Anita Werner milczała przez lata. Po śmierci Grzegorza Miecugowa postanowiła to wyznać
W zeszłym roku gdy Polskę obiegła informacja o śmierci Grzegorza Miecugowa, to był szok.

Współpracujący z nim dziennikarze, publicyści, pogrążeni w żałobie wspominają współtwórcę między innymi Faktów TVN, oraz Szkła Kontaktowego.

Wśród nich znalazła się Anita Werner, którą każdy zapewne kojarzy ze stacji TVN.

Wspominając Grzegorza Miecugowa opowiedziała historię, o której wcześniej nie mówiła.

– Kiedy myślałam o informacjach jako dziecko no to kojarzyły mi się z Grzegorzem, który w innej telewizji wtedy pracował i był twarzą programu informacyjnego. Później jak ja trafiłam do stacji informacyjnej, do TVN24 to od samego początku w tej drodze towarzyszył mi Grzegorz.

Co ciekawe, nie chwaliłam się chyba tym publicznie do tej pory, ale kiedyś zanim trafiłam na rozmowę kwalifikacyjną, jako ubiegająca się o pracę, kompletnie zielona, młoda osoba w TVN24 to zanim to się stało trafiłam na casting do innego programu TVN.

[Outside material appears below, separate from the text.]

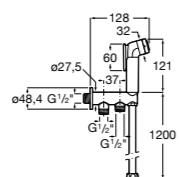

Be Fresh One

5B9N30C00 Комплект гигиенического душа (2 выхода). Включает: душевую лейку, настенный держатель с предохранительным клапаном и металлический гибкий шланг.

Na tym castingu, na zdjęciach próbnych byłam z Grzegorzem (…) on od samego początku mnie tak życzliwie traktował, tak jak swoją uczennicę, jak taką bardzo bliską osobę, jak osobę, której poświęca się czas i dla której zawsze ma się czas, aby coś doradzić

– wyznała Werner

Powiedziała, że dla niej Grzegorz Miecugow był osobą, na której zawsze mogła polegać, dziennikarskim wzorem.

Grzegorz Miecugow zmarł wczoraj w wieku 61 lat po długiej walce z nowotworem.